(Stored items from a collection)
※ ※ ※

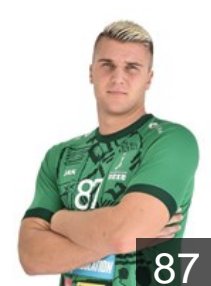

 MNE

Melic Fahrudin

Position: Right Wing
Place of birth: Prijepolje
Date of birth: 22.07.1984
Height: 183 cm
Weight: 90 kg

 CRO

Mileta Fran

Position: Right Wing
Place of birth: Rijeka
Date of birth: 14.08.2000
Height: 181 cm
Weight: 72 kg

 CRO

Moslavac Luka

Position: Left Back
Place of birth: Virovitica
Date of birth: 08.03.1998
Height: 195 cm
Weight: 93 kg

 CRO

Pribetic Gianfranco

Position: Line Player
Place of birth: Rijeka
Date of birth: 28.04.2000
Height: 195 cm
Weight: 96 kg
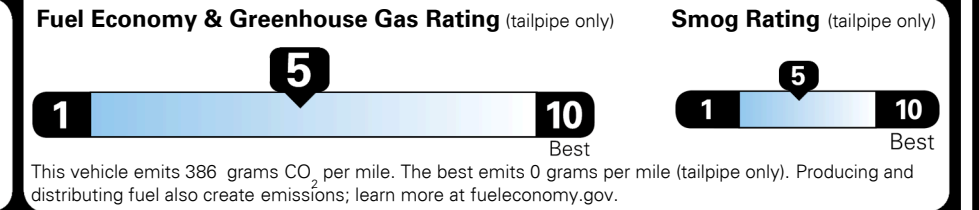

\$4,500.00

MSRP INCLUDING OPTIONS

\$ 33,440.00

INLAND FREIGHT AND HANDLING

\$ 1,045.00

TOTAL MANUFACTURER'S SUGGESTED RETAIL PRICE ▶

\$ 34,485.00

TOTAL ADDITIONAL WEIGHT: 8.1

EPA DOT Fuel Economy and Environment

Gasoline Vehicle

You spend \$1,250 more in fuel costs over 5 years
 compared to the average new vehicle.

Annual fuel cost \$1,750

Actual results will vary for many reasons, including driving conditions and how you drive and maintain your vehicle. The average new vehicle gets 27 MPG and costs \$7,500 to fuel over 5 years. Cost estimates are based on 15,000 miles per year at \$ 2.70 per gallon. MPGe is miles per gasoline gallon equivalent. Vehicle emissions are a significant cause of climate change and smog.
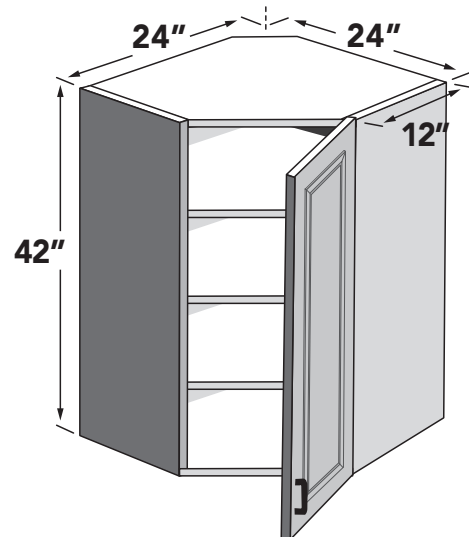

ITEM	DESCRIPTION	PRICE GROUP										ADD-ONS			
		01	02	03	04	05	06	07	08	09	10	PLY	GREY FB	SCMD	SCDT
WDC2442	Wall Diagonal Corner, 24 X 42 X 12	603	623	646	671	699	720	744	769	991	1132	72	49	N/A	N/A
FE	Finished End	90	93	99	133	102	105	133	133	241	277	N/A	N/A	N/A	N/A
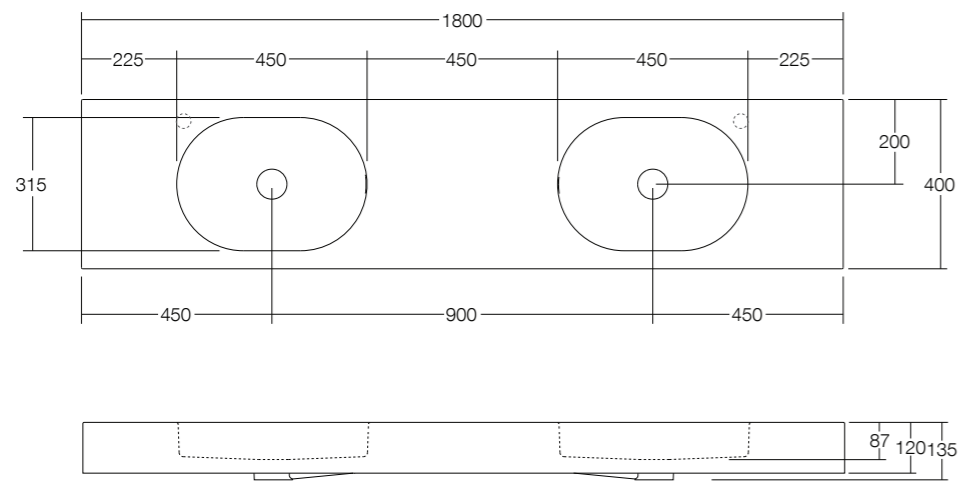

ARKI 1500 DOUBLE

ARKI 1800 DOUBLE

The Arki basins have a clever chic design featuring a contemporary capsule-shaped bowl, making them a statement piece in a number of environments.

**MODELS:**

470 | 700 | 900 | 1200 | 1500 | 1800

Dimensions are shown in millimetres. Due to the handcrafted nature of Omvivo products measurements are subject to a +/- 5mm manufacturing tolerance.

Basin	470	700	900	1200	1500	1800
Finish	Matt White					
Softskin Available	No					
Dimensions (mm)	470 x 300 x 110	700 x 300 x 120	900 x 400 x 120	1200 x 400 x 120	1500 x 400 x 120	1800 x 400 x 120
Material	Solid Surface					
Overflow	Yes	Yes	Yes	Yes	Yes	Yes
Tap Holes	0 or 1 RH	0 or 1 RH	0 or 1 RH	0 or 1 RH	0 or 2	0 or 2
Waste Size	32mm					
Waste Supplied	Yes - 32/40mm With chrome solid surface plug and pop-up waste (white plug available)					
Weight	8kg	14kg	16kg	23kg	30kg	35kg
Bowl Capacity	3.8L	7.1L	7.1L	7.1L	7.1L x 2	7.1L x 2

Dimensions are shown in millimetres. Due to the handcrafted nature of Omvivo products measurements are subject to a +/- 5mm manufacturing tolerance.

ARKI 470

ARKI 700

ARKI 900

ARKI 1200

Dimensions are shown in millimetres. Due to the handcrafted nature of Omvivo products measurements are subject to a +/- 5mm manufacturing tolerance.
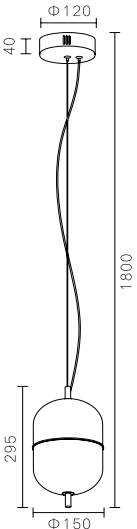

MD1623A-1C
Stainless steel +
Spanish alabaster
10W
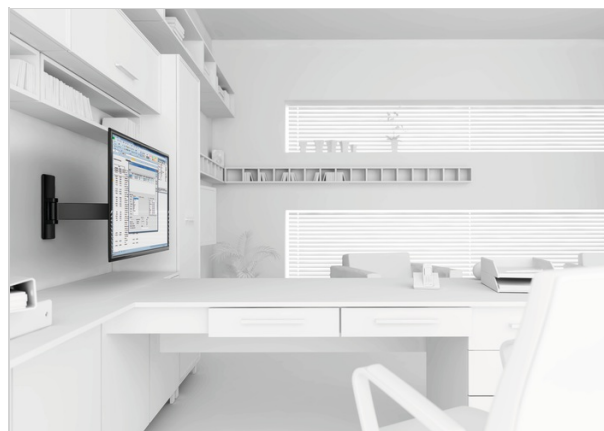

W52080 Full-Motion TV Wall Mount (black)

Article number (SKU) 8452080
Colour Black

Key benefits

- Simply Smart Value: Great comfort for an affordable price
- Tilt (up to 20°) to avoid reflections
- Smoothly turn your TV up to 120°
- Guide your cables
- Easily level your TV even after installation

For large TVs up to 65 inch (165 cm)

The WALL 2325 TV wall mount is suitable for 40 to 65 inch (101 to 165 cm) TVs. It provides safe and secure mounting for TVs up to 30 kg (66 lbs).

Get the perfect viewing angle

Place a TV in a handy spot on the wall or in a corner of your bedroom, dining room or a kid's room with the WALL 2325 TV wall mount. Easily swing your TV away from the wall and tilt it up or down for the perfect view.

The WALL series: simply smart value

Vogel's designers drew upon over 40 years of highly durable Dutch design for the audiovisual market when they developed the clean and modern brackets of the WALL series. This resulted in affordable, smart wall brackets backed by a lifetime guarantee. Simply smart value.

Want a great angle from any position?

Need a perfect viewing angle, no matter where you are in the room? Take a look at our full-motion TV wall brackets, which turn up to 180°.
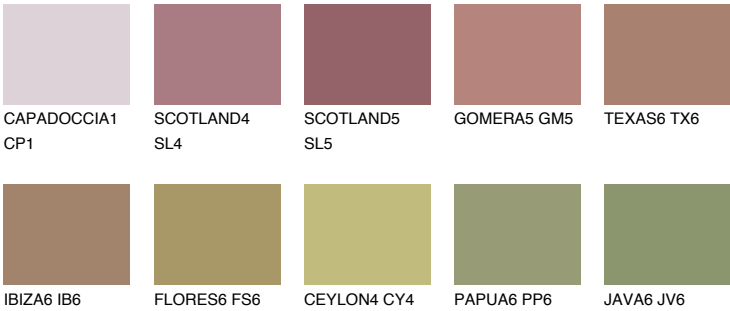

## AFRICA6 AF6

☀ 27%    **TSR** 31%

### Matching colours

#### COLOURS

#### INTENSE

For more information on plasters and paints, go to [www.ceresit.it](http://www.ceresit.it)

\*The presented colours refer to plasters and paints offered by Ceresit. Due to the use of digital techniques, the presented colours might not represent the original ones, thus they cannot be considered as a reliable colour presentation. We recommend checking the authentic colour samples.
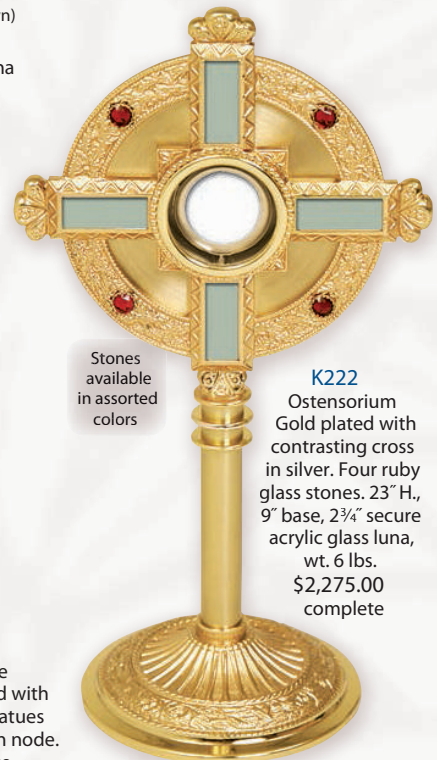

K711

Monstrance
24k gold plated with silver plated statues and emblems on node. 23" H., 8" face, 8" x 5¾" base.

Optional secure acrylic glass enclosed luna

With clip-style (glassless) luna (as shown) \$6,135.00

With 2¼" host secure acrylic glass enclosed luna \$6,550.00

Stones available in assorted colors

K222

Ostensorium
Gold plated with contrasting cross in silver. Four ruby glass stones. 23" H., 9" base, 2¾" secure acrylic glass luna, wt. 6 lbs. \$2,275.00 complete
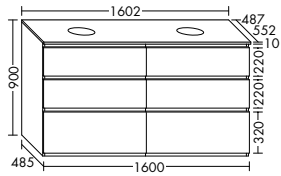

Vanity units incl. worktop for washbasins

SGII160

Tall units / Apothecary units

Sideboards / Base units

USIQ080/100/120
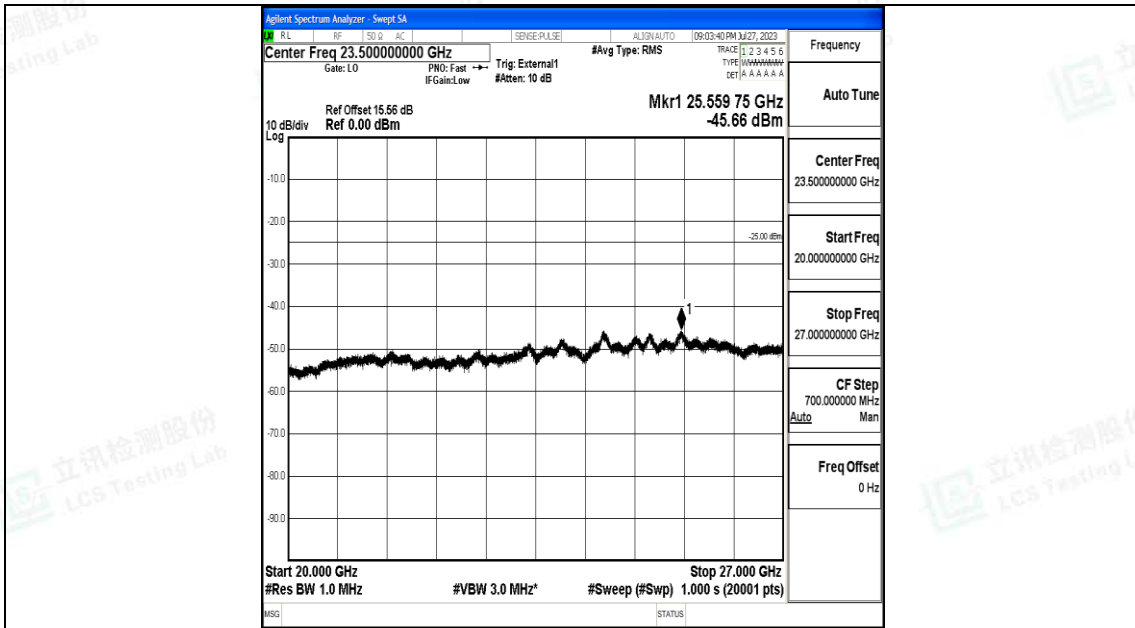

Band41\_15MHz\_QPSK\_40620\_1RB#0\_0.009~0.15\_0.009~0.15

Band41\_15MHz\_QPSK\_40620\_1RB#0\_0.15~30\_0.15~30

Band41\_15MHz\_QPSK\_40620\_1RB#0\_30~1000\_30~1000

Band41\_15MHz\_QPSK\_40620\_1RB#0\_1000~20000\_1000~20000
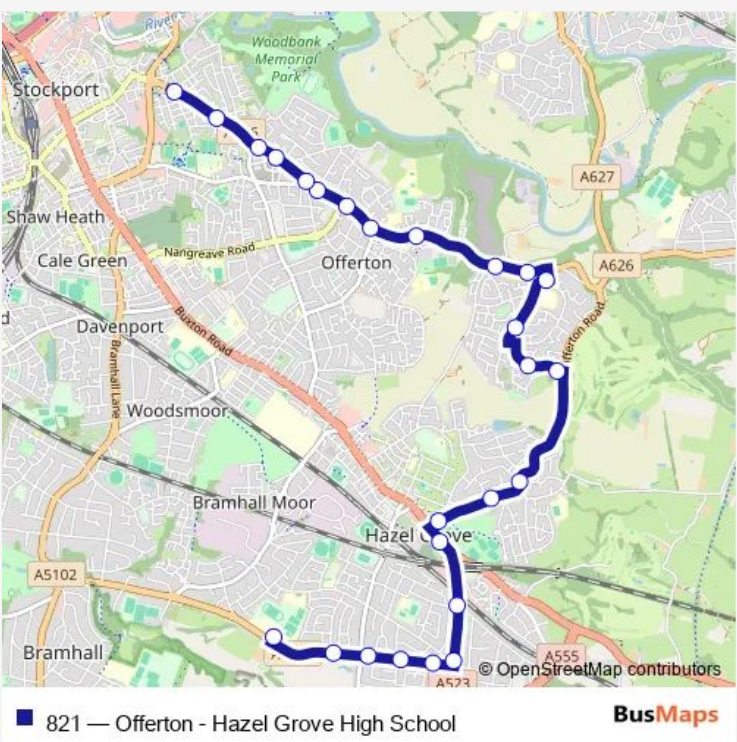

Bus 821 Hazel Grove High School - Offerton

[Go to website](#)

Direction
 Webb Lane — Hazel Grove High School
 27 stops
[Open route schedule](#)

- Webb Lane
- Henry Street
- Turncroft Lane
- Health Centre
- Strawberry Gardens
- Offerton Fold
- Offerton Fold
- The Fairway
- Lisburne Lane
- St John's Church
- Offerton Green
- Green Farm
- Shearwater Road
- The Harvester
- Peregrine Road
- Dunlin Close
- Torkington Road
- Avondale Road
- Hazelwood Road
- Torkington Road
- Rising Sun

Route schedule
 Webb Lane — Hazel Grove High School

Monday	07:40
Tuesday	07:40
Wednesday	07:40
Thursday	07:40
Friday	07:40
Saturday	—
Sunday	—

Route info
 Direction: Webb Lane
 Stops: 27
 Trip Duration: 0 hour 35 min

Chatsworth Road

Cavendish Road

Matlock Drive

Bowerfield Avenue

Arundel Avenue

Hazel Grove High School

Direction

Hazel Grove High School — Webb Lane

Thursday 15:30

Friday 14:45

Saturday —

Sunday —

Route info

Direction: Hazel Grove High School

Stops: 26

Trip Duration: 0 hour 26 min

※ ※ ※

• _Exercise aim_
Restate every line above word for word. Do not carry over the images.

• _Result for this exercise_
 MNE

Melic Fahrudin

Position: Right Wing
Place of birth: Prijepolje
Date of birth: 22.07.1984
Height: 183 cm
Weight: 90 kg

 CRO

Mileta Fran

Position: Right Wing
Place of birth: Rijeka
Date of birth: 14.08.2000
Height: 181 cm
Weight: 72 kg

 CRO

Moslavac Luka

Position: Left Back
Place of birth: Virovitica
Date of birth: 08.03.1998
Height: 195 cm
Weight: 93 kg

 CRO

Pribetic Gianfranco

Position: Line Player
Place of birth: Rijeka
Date of birth: 28.04.2000
Height: 195 cm
Weight: 96 kg

\$4,500.00

MSRP INCLUDING OPTIONS

\$ 33,440.00

INLAND FREIGHT AND HANDLING

\$ 1,045.00

TOTAL MANUFACTURER'S SUGGESTED RETAIL PRICE ▶

\$ 34,485.00

TOTAL ADDITIONAL WEIGHT: 8.1

EPA DOT Fuel Economy and Environment

Gasoline Vehicle

You spend \$1,250 more in fuel costs over 5 years
 compared to the average new vehicle.

Annual fuel cost \$1,750

Actual results will vary for many reasons, including driving conditions and how you drive and maintain your vehicle. The average new vehicle gets 27 MPG and costs \$7,500 to fuel over 5 years. Cost estimates are based on 15,000 miles per year at \$ 2.70 per gallon. MPGe is miles per gasoline gallon equivalent. Vehicle emissions are a significant cause of climate change and smog.

ITEM	DESCRIPTION	PRICE GROUP										ADD-ONS			
		01	02	03	04	05	06	07	08	09	10	PLY	GREY FB	SCMD	SCDT
WDC2442	Wall Diagonal Corner, 24 X 42 X 12	603	623	646	671	699	720	744	769	991	1132	72	49	N/A	N/A
FE	Finished End	90	93	99	133	102	105	133	133	241	277	N/A	N/A	N/A	N/A

ARKI 1500 DOUBLE

ARKI 1800 DOUBLE

The Arki basins have a clever chic design featuring a contemporary capsule-shaped bowl, making them a statement piece in a number of environments.

**MODELS:**

470 | 700 | 900 | 1200 | 1500 | 1800

Dimensions are shown in millimetres. Due to the handcrafted nature of Omvivo products measurements are subject to a +/- 5mm manufacturing tolerance.

Basin	470	700	900	1200	1500	1800
Finish	Matt White					
Softskin Available	No					
Dimensions (mm)	470 x 300 x 110	700 x 300 x 120	900 x 400 x 120	1200 x 400 x 120	1500 x 400 x 120	1800 x 400 x 120
Material	Solid Surface					
Overflow	Yes	Yes	Yes	Yes	Yes	Yes
Tap Holes	0 or 1 RH	0 or 1 RH	0 or 1 RH	0 or 1 RH	0 or 2	0 or 2
Waste Size	32mm					
Waste Supplied	Yes - 32/40mm With chrome solid surface plug and pop-up waste (white plug available)					
Weight	8kg	14kg	16kg	23kg	30kg	35kg
Bowl Capacity	3.8L	7.1L	7.1L	7.1L	7.1L x 2	7.1L x 2

Dimensions are shown in millimetres. Due to the handcrafted nature of Omvivo products measurements are subject to a +/- 5mm manufacturing tolerance.

ARKI 470

ARKI 700

ARKI 900

ARKI 1200

Dimensions are shown in millimetres. Due to the handcrafted nature of Omvivo products measurements are subject to a +/- 5mm manufacturing tolerance.

MD1623A-1C
Stainless steel +
Spanish alabaster
10W

W52080 Full-Motion TV Wall Mount (black)

Article number (SKU) 8452080
Colour Black

Key benefits

- Simply Smart Value: Great comfort for an affordable price
- Tilt (up to 20°) to avoid reflections
- Smoothly turn your TV up to 120°
- Guide your cables
- Easily level your TV even after installation

For large TVs up to 65 inch (165 cm)

The WALL 2325 TV wall mount is suitable for 40 to 65 inch (101 to 165 cm) TVs. It provides safe and secure mounting for TVs up to 30 kg (66 lbs).

Get the perfect viewing angle

Place a TV in a handy spot on the wall or in a corner of your bedroom, dining room or a kid's room with the WALL 2325 TV wall mount. Easily swing your TV away from the wall and tilt it up or down for the perfect view.

The WALL series: simply smart value

Vogel's designers drew upon over 40 years of highly durable Dutch design for the audiovisual market when they developed the clean and modern brackets of the WALL series. This resulted in affordable, smart wall brackets backed by a lifetime guarantee. Simply smart value.

Want a great angle from any position?

Need a perfect viewing angle, no matter where you are in the room? Take a look at our full-motion TV wall brackets, which turn up to 180°.

## AFRICA6 AF6

☀ 27%    **TSR** 31%

### Matching colours

#### COLOURS

#### INTENSE

For more information on plasters and paints, go to [www.ceresit.it](http://www.ceresit.it)

\*The presented colours refer to plasters and paints offered by Ceresit. Due to the use of digital techniques, the presented colours might not represent the original ones, thus they cannot be considered as a reliable colour presentation. We recommend checking the authentic colour samples.

K711

Monstrance
24k gold plated with silver plated statues and emblems on node. 23" H., 8" face, 8" x 5¾" base.

Optional secure acrylic glass enclosed luna

With clip-style (glassless) luna (as shown) \$6,135.00

With 2¼" host secure acrylic glass enclosed luna \$6,550.00

Stones available in assorted colors

K222

Ostensorium
Gold plated with contrasting cross in silver. Four ruby glass stones. 23" H., 9" base, 2¾" secure acrylic glass luna, wt. 6 lbs. \$2,275.00 complete

Vanity units incl. worktop for washbasins

SGII160

Tall units / Apothecary units

Sideboards / Base units

USIQ080/100/120

Band41\_15MHz\_QPSK\_40620\_1RB#0\_0.009~0.15\_0.009~0.15

Band41\_15MHz\_QPSK\_40620\_1RB#0\_0.15~30\_0.15~30

Band41\_15MHz\_QPSK\_40620\_1RB#0\_30~1000\_30~1000

Band41\_15MHz\_QPSK\_40620\_1RB#0\_1000~20000\_1000~20000

Bus 821 Hazel Grove High School - Offerton

[Go to website](#)

Direction
 Webb Lane — Hazel Grove High School
 27 stops
[Open route schedule](#)

- Webb Lane
- Henry Street
- Turncroft Lane
- Health Centre
- Strawberry Gardens
- Offerton Fold
- Offerton Fold
- The Fairway
- Lisburne Lane
- St John's Church
- Offerton Green
- Green Farm
- Shearwater Road
- The Harvester
- Peregrine Road
- Dunlin Close
- Torkington Road
- Avondale Road
- Hazelwood Road
- Torkington Road
- Rising Sun

Route schedule
 Webb Lane — Hazel Grove High School

Monday	07:40
Tuesday	07:40
Wednesday	07:40
Thursday	07:40
Friday	07:40
Saturday	—
Sunday	—

Route info
 Direction: Webb Lane
 Stops: 27
 Trip Duration: 0 hour 35 min

Chatsworth Road

Cavendish Road

Matlock Drive

Bowerfield Avenue

Arundel Avenue

Hazel Grove High School

Direction

Hazel Grove High School — Webb Lane

Thursday 15:30

Friday 14:45

Saturday —

Sunday —

Route info

Direction: Hazel Grove High School

Stops: 26

Trip Duration: 0 hour 26 min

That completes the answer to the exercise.